Your assignment: Using the listing below, copy every line that mentions "Route".

Material to process:
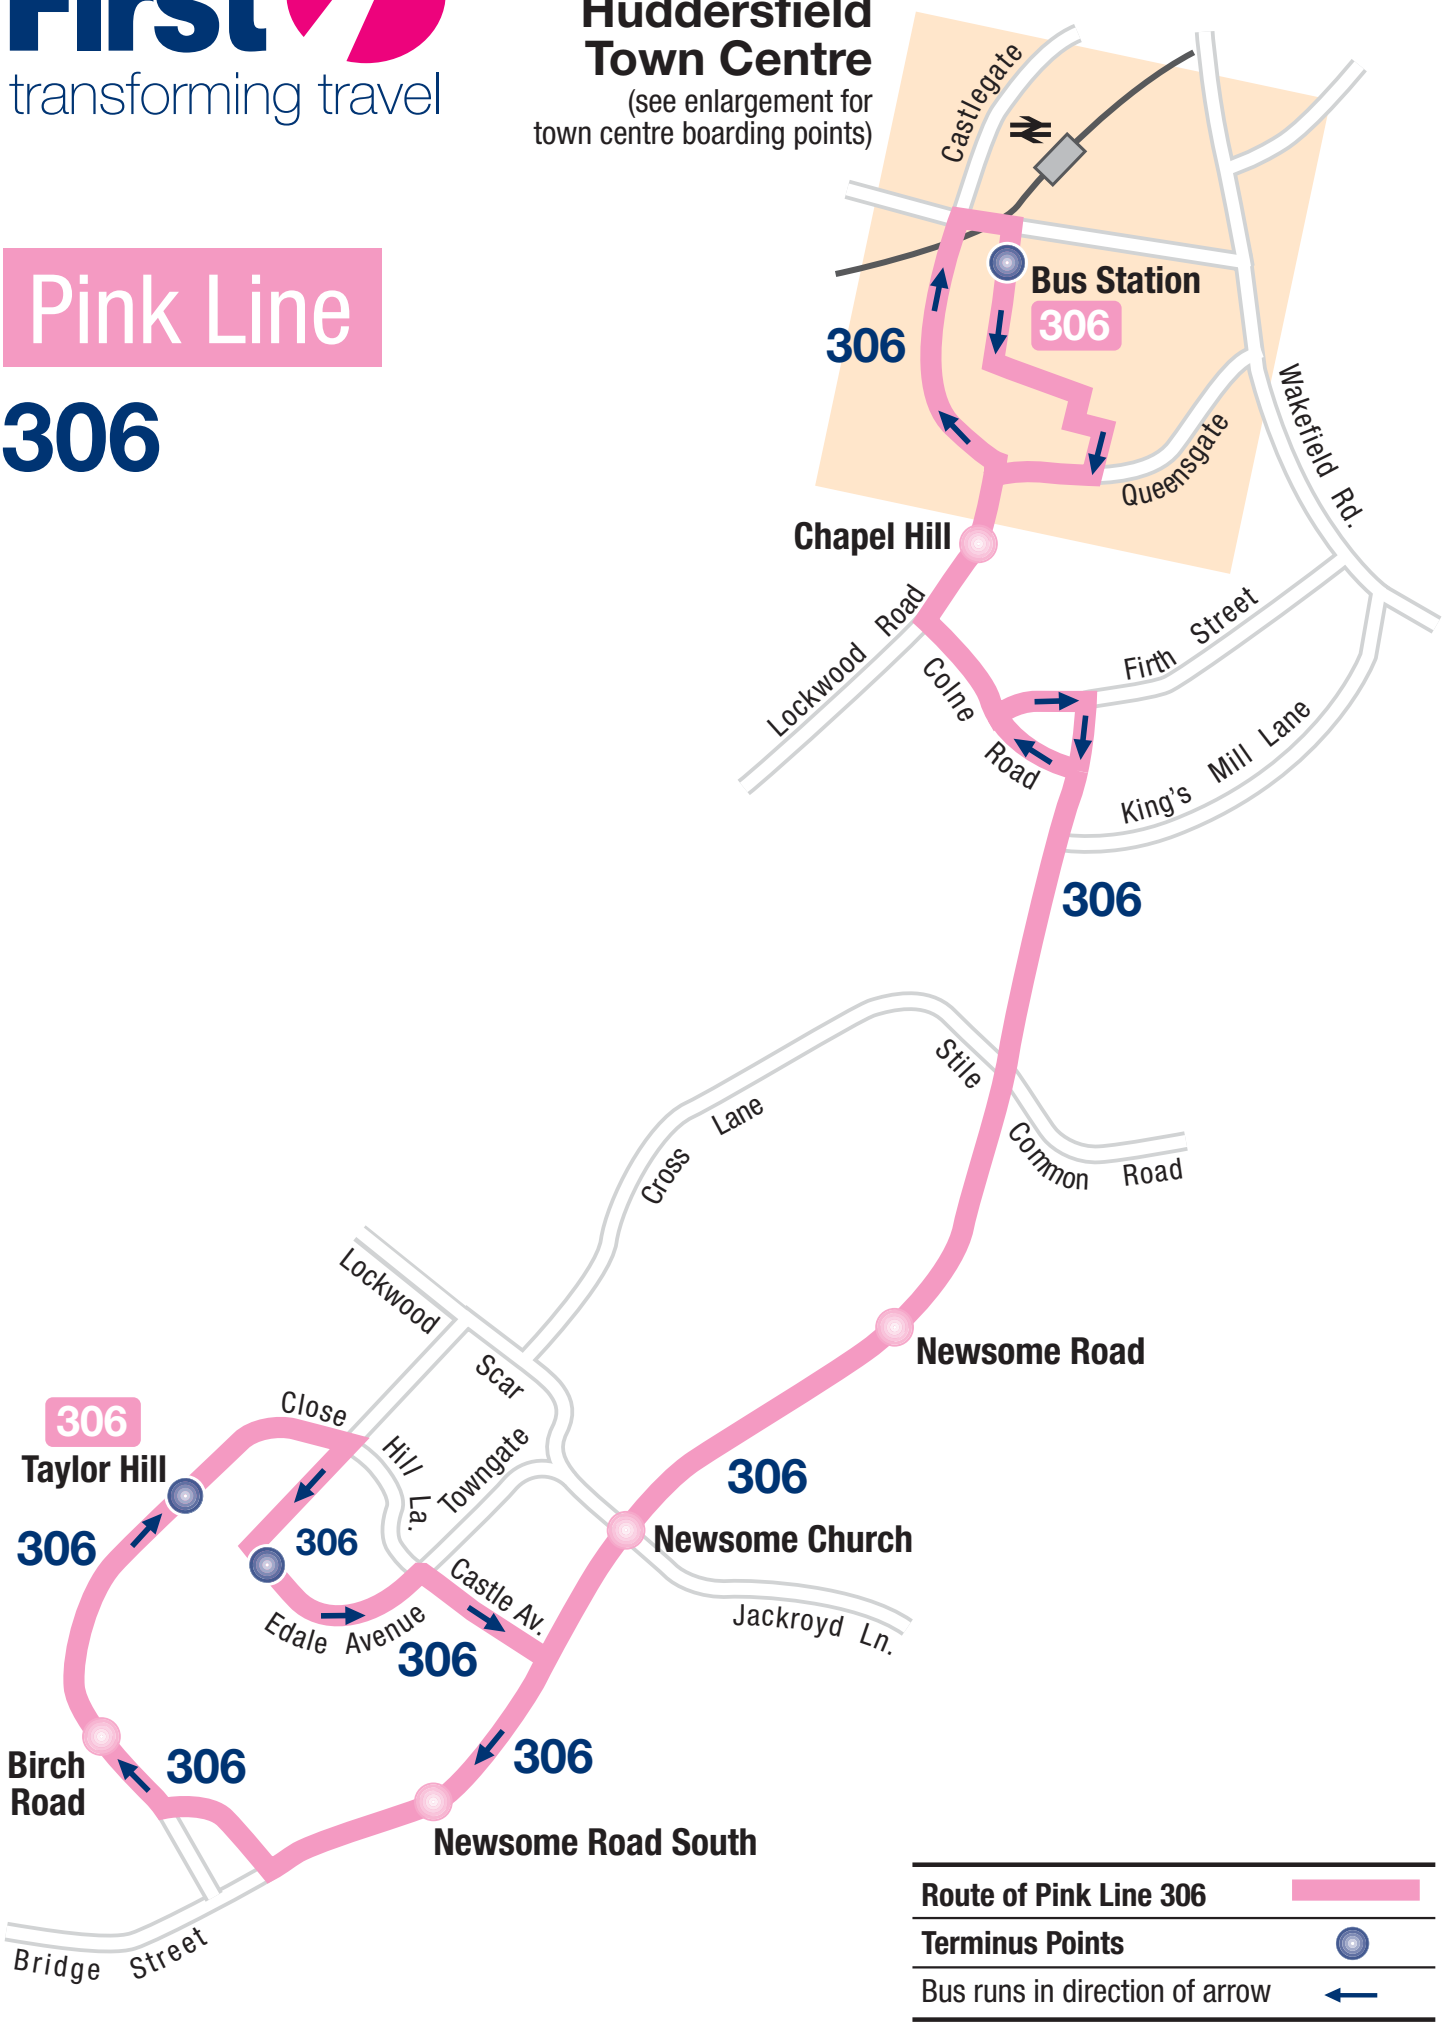

**Huddersfield Town Centre**  
(see enlargement for town centre boarding points)

**Pink Line**

**306**

Route of Pink Line 306	
Terminus Points	
Bus runs in direction of arrow	

# Where to find your bus in Huddersfield Town Centre

<b>Route of Pink Line 306</b>	
<b>Stops served by Pink Line 306</b>	
<b>Other bus served roads</b>	
<b>Other bus stops</b>	
<b>Pedestrianised Areas</b>	
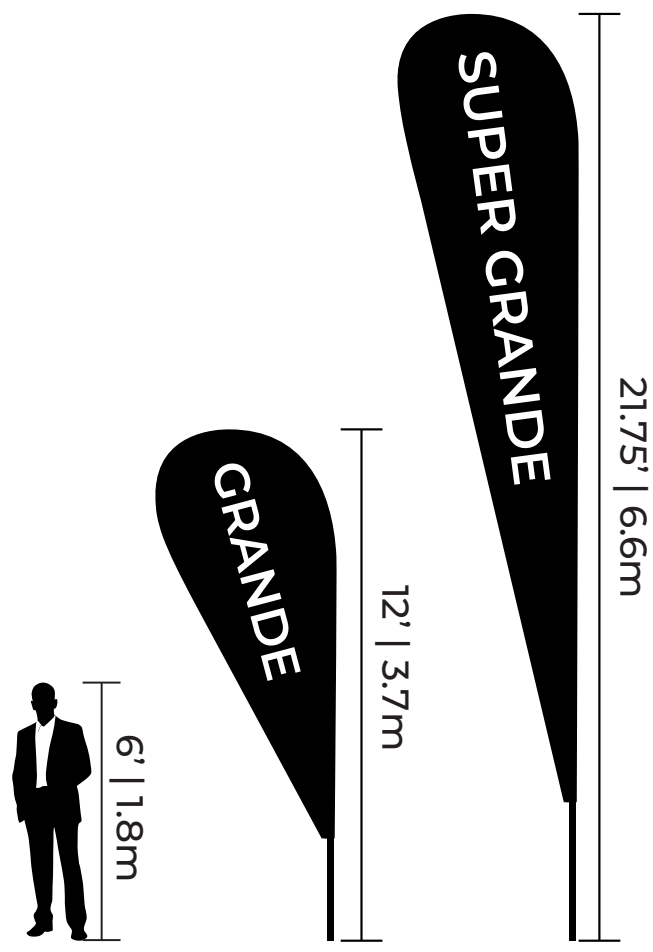

FLEX GRANDE BLADE FLAGS

The Flex Grande Blade Flag has been designed to make a big impression and attract attention in seconds both indoors and outdoors. With custom full color graphics to your specifications, the Blade Flag combines style and high-visibility. Our unique telescopic pole and ball bearing system allows the flag to move easily with the wind.

FEATURE SPECS	GRANDE	SUPER GRANDE
FABRIC SIZE	9.6' x 4.25' 292.6cm x 39.6cm	18.5' x 4.25' 564cm x 39.6cm
HARDWARE	TELESCOPIC PVC	
MAX HEIGHT WHEN SET UP	12' (3.7 m)	21.75' (6.6 m)
DURABLE POLYESTER FLAG FABRIC		
EASY SET-UP WITHIN 5 MINUTES		

10059-GRANDE BLADE FLAGS-SPS-US-A-R1
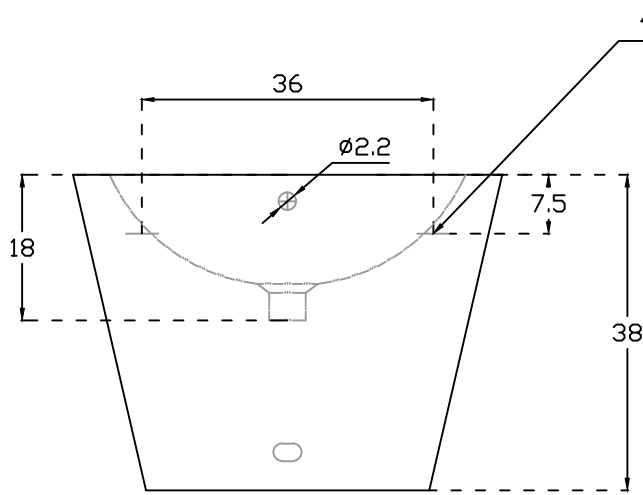

PLAN VIEW

FRONT ELEVATION

4CM BRACKET SLOT

SEE DETAIL 'A'

SECTIONAL VIEW

DETAIL A

		HSIL LIMITED, BAHADURGARH	
CATALOGUE NO: 91078		WB WITH PEDESTAL TWILIGHT (52 X 46 X 38 CM)	
DRAWN:		UNIT:CM	
CHECKED:		SCALE:1:10	
APPROVED		DRAWING NO:WB/194	
DATE:25.08.15		REV:ND:1	
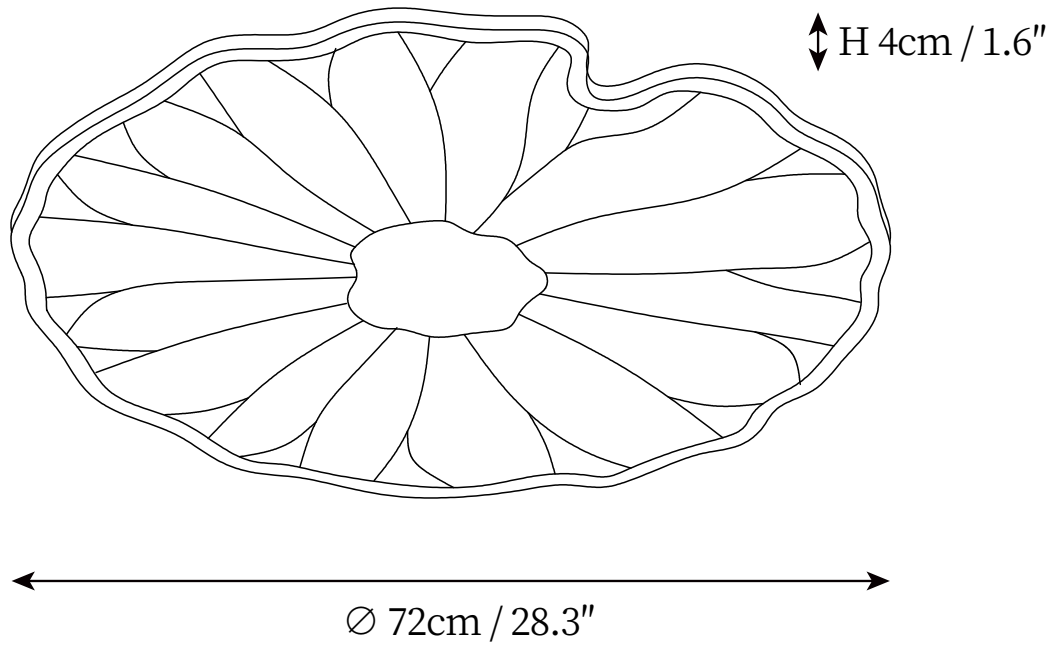

SPECIFICATION SHEET

SPECIFICATION DETAILS

*For custom options, consult factory for details

Fixture Dimensions	D 11.8" x H 1.6", D 15.7" x H 1.6", D 20.5" x H 1.6", D 28.3" x H 1.6"
Light source	Integrated LED
Wattage	~10W
Voltage	AC 110-240V
Dimming	Not supported
CRI(Ra)	90+CRI
Mounting	Hardwired.
LED Rated Life	30000 hours
Color Temperature	Warm Light (3000K), Neutral Light (4000K), Cool Light (6000K)
Control method	Compatible with common wall switches(not included)
Finishes	Hydrographic Walnut Wood Grain Finish, Hydrographic Nature Wood Grain Finish.
Shade Details	White.
Material	Metal, Acrylic.

SPECIFICATION SHEET

SPECIFICATION DETAILS

*For custom options, consult factory for details

Fixture Dimmensions	L 39.4" x W 23.6" x H 2.4", L 53.1" x W 33.5" x H 2.4"
Light source	Integrated LED
Wattage	~24W
Voltage	AC 110-240V
Dimming	Not supported
CRI(Ra)	90+CRI
Mounting	Hardwired.
LED Rated Life	30000 hours
Color Temperature	Warm Light (3000K), Neutral Light (4000K), Cool Light (6000K)
Control method	Compatible with common wall switches (not included)
Finishes	Hydrographic Walnut Wood Grain Finish, Hydrographic Nature Wood Grain Finish.
Shade Details	White.
Material	Metal, Acrylic.
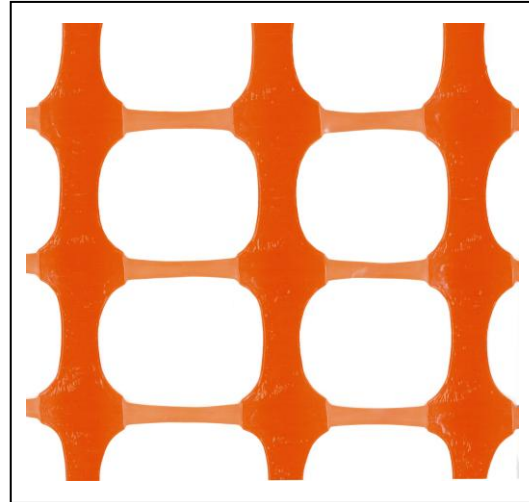

## Mono-oriented Safety Fence

### AVAILABLE ROLL DIMENSIONS AND WEIGHT

ENGLISH		METRIC	
Dimensions	Weight	Dimensions	Weight
4' x 50'	15 lbs	1.22m x 15.24m	6.8 kg
4' x 100'	30 lbs	1.22m x 30.48m	13.6 kg
4' x 164'	48 lbs	1.22m x 49.99m	22.3 kg

Answer for the task:
Route of Pink Line 306	
<b>Route of Pink Line 306</b>	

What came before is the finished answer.